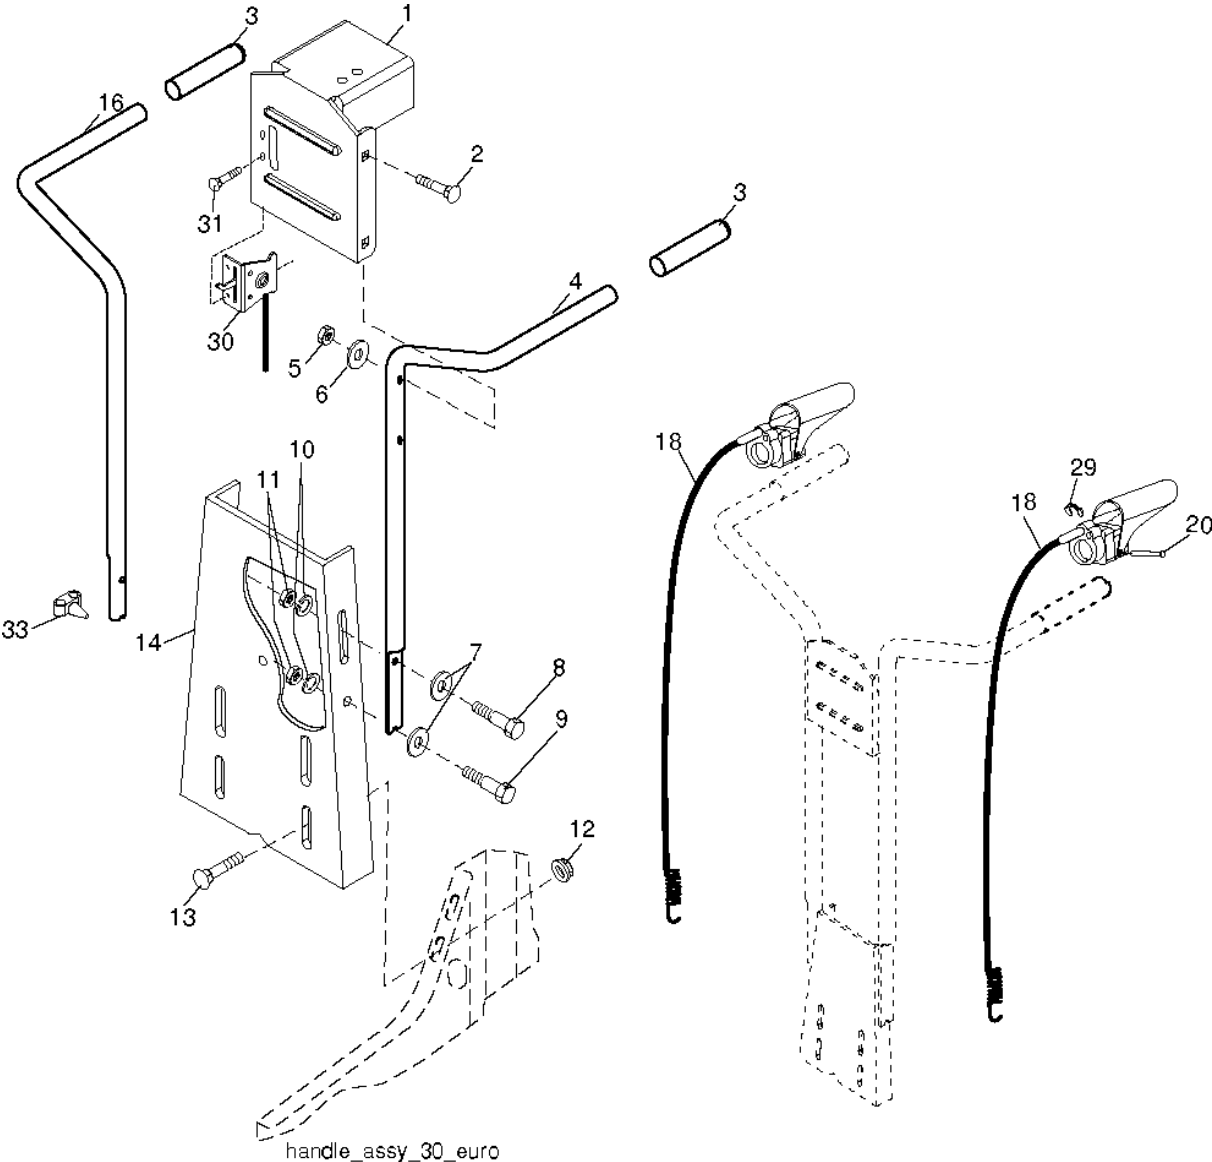

SPARE PARTS LIST

CULTIVATORS/TILLERS

PFRT550, 96081000302, 2008-02

Referenz	Teile Nr	Beschreibung	Bemerkung:	ANZ KIT
1	532 19 03-70	HALTER		1
2	872 14 05-12	BOLZEN		1
3	532 16 57-87	EINSTELLHEBEL		1
4	532 16 63-76	EINSTELLHEBEL		1
5	873 68 05-00	MUTTER		1
6	819 11 11-16	SCHEIBE		1
7	819 12 14-14	SCHEIBE		1
8	874 76 05-16	BOLZEN		1
9	874 76 05-20	BOLZEN		1
10	810 04 05-00	SCHEIBE		1
11	873 22 05-00	MUTTER		1
12	898 00 01-29	MUTTER		1
13	532 18 08-47	BOLZEN		1
14	532 19 03-68	SCHALTBRETT		1
16	532 16 63-77	EINSTELLHEBEL		1
18	532 18 85-62	BEDIENELEMENT		1
20	532 18 85-55	KOLBEN		1
29	812 00 00-59	RETAINING RING		1
30	532 18 06-30	COMMANDE DE GAZ		1
31	817 72 04-08	SCHRAUBE		1
33	532 18 15-80	KLAMMER		1

belt_guard_11.euro

Referenz	Teile Nr	Beschreibung	Bemerkung:	ANZ KIT
1	532 18 03-77	HALTER		1
2	532 00 94-84	KLAMMER		1
3	532 08 67-77	SCHRAUBE		1
4	874 61 08-12	BOLZEN		1
5	873 68 06-00	MUTTER		1
6	819 13 13-16	SCHEIBE		1
7	532 00 20-09	RIEMENSCHLEIBE		1
8	532 15 92-38	HEBEL		1
9	874 76 06-28	BOLZEN		1
10	532 40 06-62	GEHÄUSE		1
11	819 09 10-16	SCHEIBE		1
12	532 10 42-13	RADKAPPE		1
13	872 14 04-05	BOLZEN		1
14	532 13 30-35	RIEMEN		1
15	532 00 26-14	RIEMEN		1
16	812 00 00-28	KLAMMER		1
17	532 00 26-49	TASTE		1
18	532 15 12-36	SCHEIBE		1
19	532 18 85-02	BOLZEN		1
20	812 00 00-36	RETAINING RING		1
21	873 35 06-00	MUTTER		1
22	532 16 18-06	RIEMENSCHLEIBE		1
23	532 17 53-77	ARM.IDLER WELDMENT		1
24	874 76 06-20	BOLZEN		1
25	532 10 69-68	WELLE		1
26	873 35 05-00	MUTTER		1
27	873 22 04-00	MUTTER		1
28	810 04 04-00	SCHEIBE		1
29	532 10 92-27	KISSEN		1
30	823 20 04-04	SCHRAUBE		1
31	532 10 11-89	SCHEIBE		1
32	532 15 12-23	SCHEIBE		1
33	532 17 54-94	SCHIRM		1
34	532 19 29-14	ABSTANDSSCHLEIBE		1
36	874 33 05-16	BOLZEN		1
37	819 11 12-12	SCHEIBE		1
38	532 12 80-85	FEDER		1
39	532 13 89-09	ABSTANDSSCHLEIBE		1

▶ _Instructions for the task_
Omit the pictures, then output the rest of the listing exactly.

▶ _Response to this exercise_
SPARE PARTS LIST

CULTIVATORS/TILLERS

PFRT550, 96081000302, 2008-02

Referenz	Teile Nr	Beschreibung	Bemerkung:	ANZ KIT
1	532 19 03-70	HALTER		1
2	872 14 05-12	BOLZEN		1
3	532 16 57-87	EINSTELLHEBEL		1
4	532 16 63-76	EINSTELLHEBEL		1
5	873 68 05-00	MUTTER		1
6	819 11 11-16	SCHEIBE		1
7	819 12 14-14	SCHEIBE		1
8	874 76 05-16	BOLZEN		1
9	874 76 05-20	BOLZEN		1
10	810 04 05-00	SCHEIBE		1
11	873 22 05-00	MUTTER		1
12	898 00 01-29	MUTTER		1
13	532 18 08-47	BOLZEN		1
14	532 19 03-68	SCHALTBRETT		1
16	532 16 63-77	EINSTELLHEBEL		1
18	532 18 85-62	BEDIENELEMENT		1
20	532 18 85-55	KOLBEN		1
29	812 00 00-59	RETAINING RING		1
30	532 18 06-30	COMMANDE DE GAZ		1
31	817 72 04-08	SCHRAUBE		1
33	532 18 15-80	KLAMMER		1

belt_guard_11.euro

Referenz	Teile Nr	Beschreibung	Bemerkung:	ANZ KIT
1	532 18 03-77	HALTER		1
2	532 00 94-84	KLAMMER		1
3	532 08 67-77	SCHRAUBE		1
4	874 61 08-12	BOLZEN		1
5	873 68 06-00	MUTTER		1
6	819 13 13-16	SCHEIBE		1
7	532 00 20-09	RIEMENSCHLEIBE		1
8	532 15 92-38	HEBEL		1
9	874 76 06-28	BOLZEN		1
10	532 40 06-62	GEHÄUSE		1
11	819 09 10-16	SCHEIBE		1
12	532 10 42-13	RADKAPPE		1
13	872 14 04-05	BOLZEN		1
14	532 13 30-35	RIEMEN		1
15	532 00 26-14	RIEMEN		1
16	812 00 00-28	KLAMMER		1
17	532 00 26-49	TASTE		1
18	532 15 12-36	SCHEIBE		1
19	532 18 85-02	BOLZEN		1
20	812 00 00-36	RETAINING RING		1
21	873 35 06-00	MUTTER		1
22	532 16 18-06	RIEMENSCHLEIBE		1
23	532 17 53-77	ARM.IDLER WELDMENT		1
24	874 76 06-20	BOLZEN		1
25	532 10 69-68	WELLE		1
26	873 35 05-00	MUTTER		1
27	873 22 04-00	MUTTER		1
28	810 04 04-00	SCHEIBE		1
29	532 10 92-27	KISSEN		1
30	823 20 04-04	SCHRAUBE		1
31	532 10 11-89	SCHEIBE		1
32	532 15 12-23	SCHEIBE		1
33	532 17 54-94	SCHIRM		1
34	532 19 29-14	ABSTANDSSCHLEIBE		1
36	874 33 05-16	BOLZEN		1
37	819 11 12-12	SCHEIBE		1
38	532 12 80-85	FEDER		1
39	532 13 89-09	ABSTANDSSCHLEIBE		1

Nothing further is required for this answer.